Standardized testing reference guide¶
Companion to RFC-019. Industry methodology and resources for reference-image validation in Chemigram.
Why standardized test targets¶
The photography and imaging industry — Imatest, DxOMark, X-Rite, the ISO TC-42 and IEEE P1858 committees — converges on a single principle: test against inputs with known, published physical properties, then measure the delta between expected and actual. Without known ground truth, any evaluation is subjective opinion.
For Chemigram this means: replace the arbitrary raw-test.NEF (which
tells us "did darktable crash?") with standardized chart photographs
(which tell us "did the pipeline produce correct color and tone?").
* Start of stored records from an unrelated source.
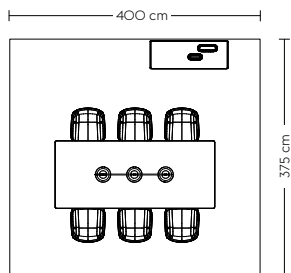

70/70 Table (D)

Vibrant

- 1 x 70/70 Table / 255 x 108 cm - Oak/Grey
- 6 x Fiber Armchair / Swivel Base - Divina 552/Grey
- 1 x Enfold Sideboard / Low - Oak/Grey
- 1 x Ridge Vase / 48,5 cm - Off-White
- 1 x Ridge Vase / 35 cm - Off-White
- 1 x Ambit Rail Lamp - Taupe
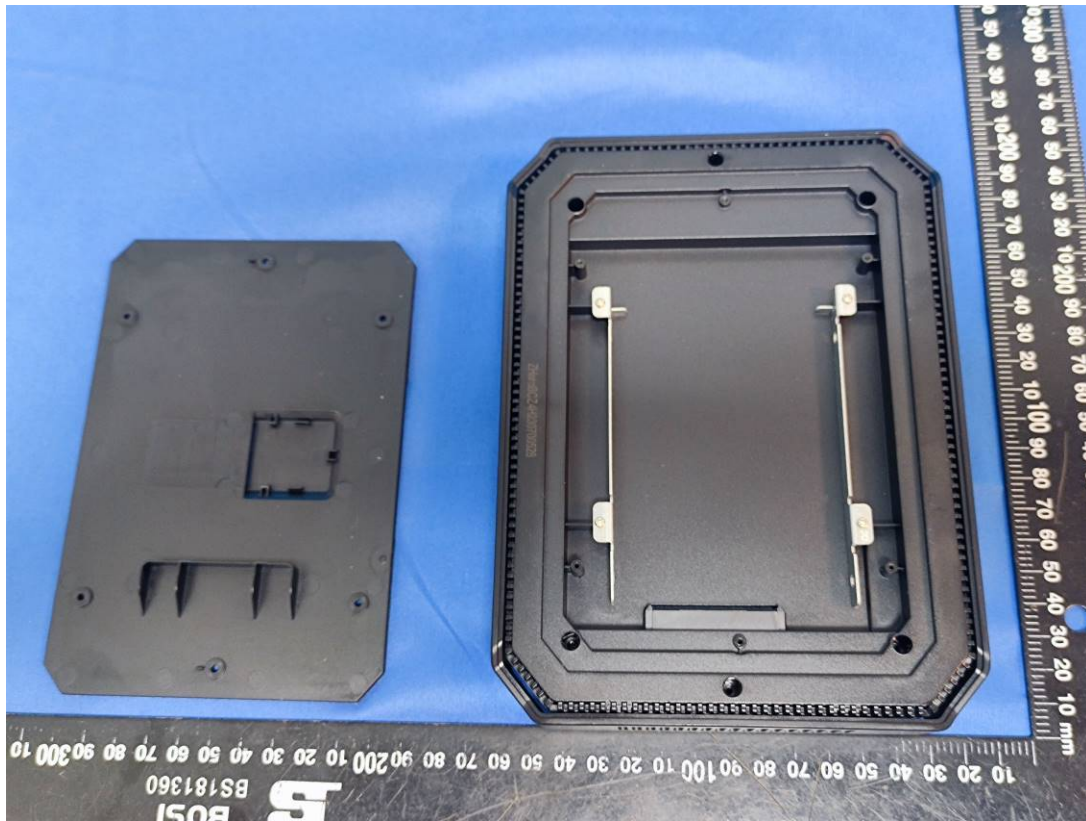

EXHIBIT C - EUT INTERNAL PHOTOGRAPHS

WLAN Antenna 0

Bluetooth Antenna & WLAN Antenna 1

WLAN Module: Contain FCC ID: PD9AX101D2

The two reference targets¶
Calibrite ColorChecker Passport Photo 2¶
- 24 patches: 18 color + 6 neutral grayscale
- Published CIE L*a*b* D50 reference values from X-Rite
- ~€70 from calibrite.com or Amazon
- Includes free DNG profiling software
- Check manufacturing date (back of chart): formulations changed Nov 2014
What it tests in Chemigram:
| Metric | What it catches |
|---|---|
| Per-patch Delta E | Wrong color matrix, WB error, color-grading vocabulary producing unintended shifts |
| Mean/max Delta E | Overall color accuracy regression |
| Grayscale neutrality | Color cast in neutral tones (WB or channel mixer bugs) |
| Patch-to-patch relationships | Relative color accuracy even when absolute is off |
Calibrite ColorChecker Grayscale¶
- Neutral step wedge with known optical density values
- ~€40
- Isolates tonal response from color
What it tests in Chemigram:
| Metric | What it catches |
|---|---|
| Tonal linearity (R²) | Broken tone curve, sigmoid misconfiguration |
| Gamma fit | Wrong contrast/gamma after vocabulary application |
| Shadow/highlight clipping | Exposure vocabulary pushing values out of range |
| Noise floor | Denoise vocabulary effectiveness |
Shooting protocol¶
One afternoon, controlled conditions:
- Camera: Nikon D850 (same body as existing
CHEMIGRAM_TEST_RAW) - Lens: prime, 50mm or longer, stopped down to f/8 (sharpest aperture)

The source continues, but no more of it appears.